Many of the folks who come on my writing courses struggle to find the time to write. On my writing retreats at Gibside, a lovely National Trust property close to home, we talk about this regularly. The truth is, if you want to write enough - if you need to write, you will find time. It sounds harsh, but it's the truth. When I was first published, back in 1997, I was teaching full time in a management position. I had two young children to look after. Yet I spent hours specially carved out of the day writing. Eventually, I earned enough from writing to give up the day job.

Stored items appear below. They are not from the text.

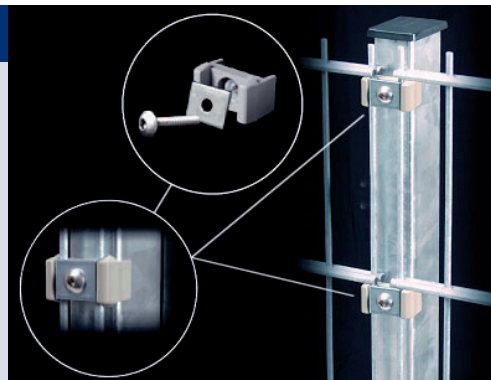

Staanders TYPE-RG I*

SPECIFICATIES:

Kokerprofiel 60x40x2mm
Kunststof afdekkap
Iedere 200mm kunststof afstandhouder
Inclusief blindklinkmoer
Doorlopende afdekl ijst 40x5mm
Inclusief inbusbouten 5,5

Staanders TYPE-RG II*

SPECIFICATIES:

Kokerprofiel 60x40x2mm
Kunststof afdekkap
Kunststof afstandhouders incl. alu-blindklinkmoer
Elektrolytisch verzinkte afdekl ijst
Inclusief inbusbouten 5,5

RVS U-stropen*

SPECIFICATIES:

Kokerprofiel 60x40x2mm
Kunststof afdekkap.
RVS U-strop compleet M6
Aantal U-stropen afhankelijk van hoogte staafmat

* Wijzigingen voorbehouden

Ronde standers met langlipbeugels*

SPECIFICATIES:

Staander $\varnothing 60/1,75$
Kunststof afdekkap
Langlipbeugels $\varnothing 60$ mm (exclusief bout/moer)
Aantal langlipbeugels afhankelijk van hoogte staafmat

Many of the writers I work with also have families and day jobs - but they write. They write because ideas bubble up and boil out of them onto the page. That drive; that need to write pushes them on. Many of them are weighing up whether to leap into the madness of NanoWriMo this November. The goal is to write 50,000 words in a month - that's 1667 every day. It seems like a big commitment to many people, but it is the act of writing every day that builds writing muscle, and turns writing into part of your daily routine. It's the daily placing of the bum-on-seat in front of the laptop or notebook that makes you a writer. I shall be Nano-ing this November, as I often do, to get a jump start on a new book project. I love knowing that in coffee shops, kitchens and studies around the world, other writers are beavering away, building their word count and more importantly, building their writing habit. Will you be joining us? Look me up. We can be writing buddies and push each other on. I am, rather unimaginatively, listed as lynnhc. Hope to see you there!
5 comments:
And then there are the people who have a great idea for a book and want to tell you about it in great detail at that party or even, heaven help you, to write it for them.. One of my friends actually did have a great idea for a book, and knew he didn't have the ability to write it himself, but I didn't write it. I valued our friendship too much.

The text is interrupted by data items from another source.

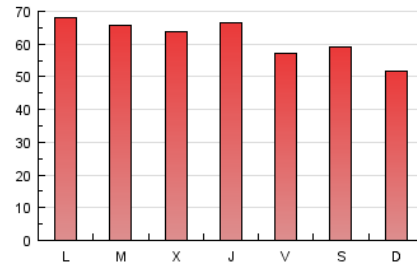

#### 3. Por día del mes (Nacional)

Día	N. únicos	Visitas	Páginas	Día	N. únicos	Visitas	Páginas	Día	N. únicos	Visitas	Páginas
1	4.512	5.112	6.894	11	3.169	3.529	4.634	21	4.118	4.624	6.595
2	4.469	5.071	7.143	12	3.937	4.337	5.592	22	4.269	4.966	7.296
3	4.324	4.819	6.825	13	3.396	3.789	5.217	23	4.396	4.958	7.551
4	4.048	4.543	6.180	14	3.506	3.942	5.757	24	3.898	4.503	6.465
5	4.316	4.733	6.238	15	3.295	3.867	5.241	25	4.066	4.564	7.185
6	4.624	5.298	7.229	16	3.512	3.982	6.361	26	1.949	2.088	2.887
7	4.525	5.131	6.984	17	3.323	3.677	5.224	27	4.257	4.850	7.768
8	4.118	4.744	6.483	18	3.829	4.310	5.698	28	4.355	4.956	6.889
9	3.653	4.125	5.971	19	3.759	4.253	5.976	29	3.760	4.150	5.933
10	3.092	3.424	4.642	20	4.321	4.851	7.035	30	3.868	4.385	6.147
								31	3.613	4.017	5.435

4. Gráficas (Nacional)

4.1 Por día de la semana (promedio)

N. únicos / Visitas (x 100)

Páginas (x 100)

4.2 Por franja horaria (promedio)

Visitas (x 1000)

Páginas (x 1000)

4.3 Por meses

Next year I may have time for NaNoWriMo, if I'm not working on a paying writing project at the time. You may sneer at those people who tell you they don't have time - and with a day job in teaching the best I can manage right now is short fiction or articles and I do my writing on the train - but for me November is running to the end of the year, not the first term as it is in the northern hemisphere. I have reports to write. As a teacher librarian, I also have library stuff to finish. And teaching takes up much of your creativity. It must be nice to be able to devote all your work time to writing - I am retiring, so next year I might even be able to manage a full scale book, from among the unfinished works on my computer. I may even be able to do school visits, something I can't do while working in one!
While Nano might, as you say, build up writing muscle, I know a number of people who do it year after year and never actually do anything with the manuscript afterwards. I know of one who has self published a book, but it wasn't one of her Nano ones. If you're going to put that much energy into writing a book, why not at least try selling it?
Of Sirius Black And That Firebolt
I think that's fair, Sue. It's easier for people who have a very different job, or one that makes different types of demands on them, to turn to writing in the evening. I spend most of my time writing one kind of book and rarely have the imaginative energy spare to write other kinds of books later. It's often in the gaps between commissions that I make progress with new fiction (as in, not fiction that is already commissioned).
There is a point to writing books you don't try to sell, though. It's practice, skill-building, like the musician who spends hours on scales but doesn't sell tickets to let people hear them. Even though I make my living from writing, I also write things I don't intend to sell.
That's what my blog is for! ;-)
I'm catching up late but I wanted to say how much I identified with this post! Yes, I wrote my first book in difficult circumstances -- dying father, fulltime job, etc. -- and it would have been so easy to give up. But I wanted to write the book more than I wanted anything else so somehow -- hour by hour, I made the time and it got done.